I'm trying to add new fonts to tesseract ocr. I'm following this tutorial but I'm having some problems.
Here's what I've done so far:
Create training document
convert eng.myfont.exp0.pdf eng.myfont.exp0.tif
Train Tesseract
tesseract eng.myfont.exp0.tif eng.myfont.exp0 batch.nochop makebox
This created my eng.myfont.exp0.box file.
I open the file with moshpytt and make sure it was detected correctly.
Feed the box file back into tesseract
tesseract eng.myfont.exp0.tif eng.myfont.exp0.box nobatch box.train.stderr
I have this result:
Tesseract Open Source OCR Engine v3.03 with Leptonica
APPLY_BOXES:
Boxes read from boxfile: 146
Found 146 good blobs.
TRAINING ... Font name = myfont.exp0
Generated training data for 6 words- eng.myfont.exp0.box.tr file and eng.myfont.exp0.box.txt generated
try to detect the Character set used in the box file (this is where I get stuck)

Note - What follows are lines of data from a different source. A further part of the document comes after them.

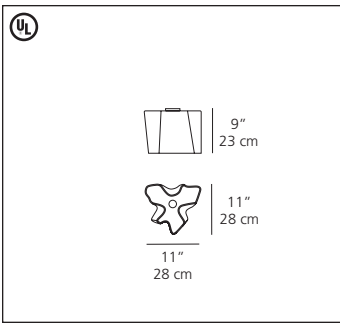

Logico mini ceiling single

incandescent source

• 1 x 100W (E26/A19).....

or

• 1 x 100W (E26/G25).....

or

fluorescent source

• 1 x 18W (GX24q-2/T4).....
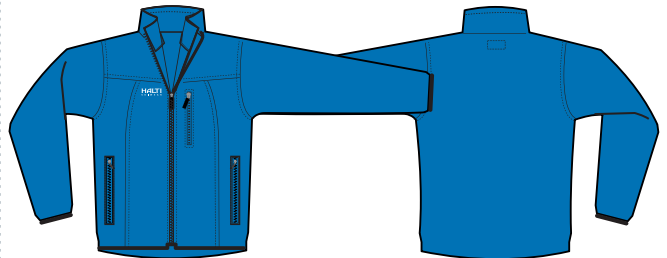

R64

P99

Colour	34	36	38	40	42	44	NTOPRICE
X31 Deep Sea							
R64 Heat Red							
P99 Black							

Club Guard S Jr

Softshell 059-1637

Material:
Ultimate Softshell

X31

R64
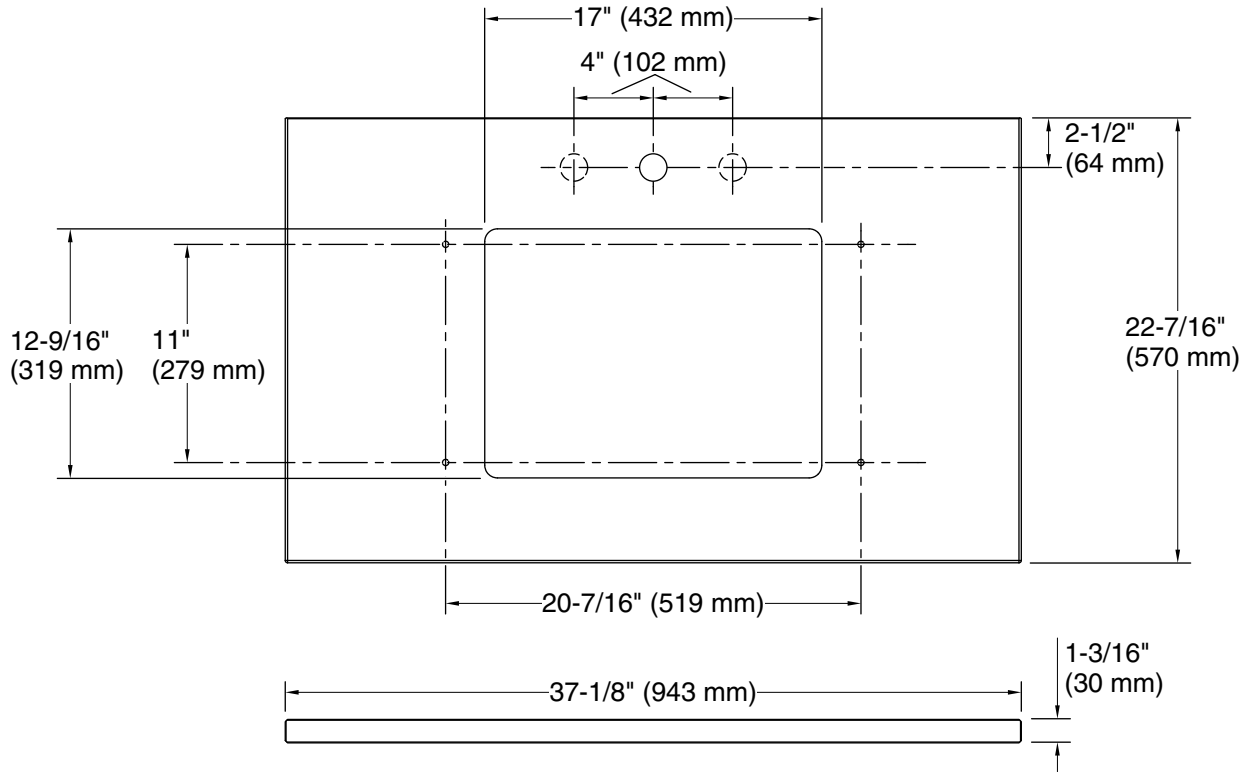

Material

- Silestone® quartz

Installation

- Vanity top
- Single faucet hole with pilot holes for optional 8" (203 mm) widespread faucet configuration

Recommended Products/Accessories

- K-2882 19-3/4" rectangular undermount bathroom sink
- K-2330 19-3/4" rectangular undermount bathroom sink
- K-20000 20-1/2" rectangular undermount bathroom sink

Optional Products/Accessories

- K-28263 Silestone® quartz 37" backsplash
- K-28266 Silestone® quartz side splash

Included Components

- Additional Components:
Mounting Screws

Codes/Standards

None Applicable

Technical Information

All product dimensions are nominal.

Installation: Vanity top/ITB

Number of deck 1

holes:

Notes

Install this product according to the installation instructions.
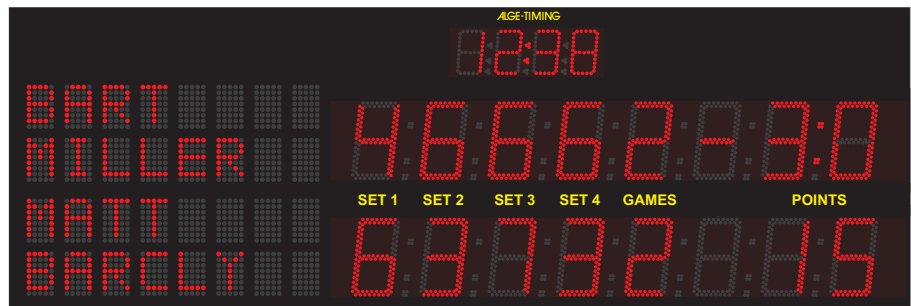

Tennis Score Board D-TA825-T415-T

Figure Height: 25 cm
max. Readability: about 120 m
Score: 5 set
Time of Day: hours and minutes
with 15 cm figures

Tennis Score Board D-TA815-2xT415-T

Figure Height: 15 cm
max. Readability: about 70 m
Score: 5 set
Time of Day: hours and minutes
Game Time: hours and minutes
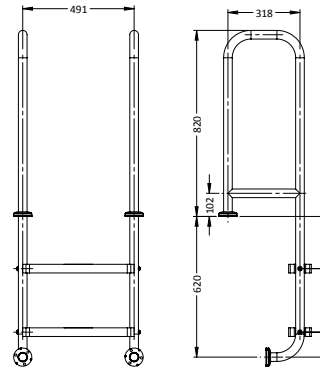

BRACED NARROW TWO-STEP LADDER	
PART #	DESCRIPTION
SR-BS-2	Standard
SR-BFT-2	Flanged Top
SR-BF-2	Flanged Top & Bottom

unicharset_extractor *.box
Result:
unicharset_extractor: command not found
I also tred unicharset_extractor eng.myfont.exp0.box
with the same result.
I'm using:
- tesseract 3.03
- leptonica-1.70
- libgif 4.1.6(?) : libjpeg 8d : libpng 1.2.50 : libtiff 4.0.3 : zlib 1.2.8 : webp 0.4.0
- Ubuntu 14.04.1 LTS
The training tools for Tesseract 3.03 RC were omitted from Ubuntu 14.04. So either fall back to Tesseract 3.02 or upgrade to Ubuntu 14.10, which should have it.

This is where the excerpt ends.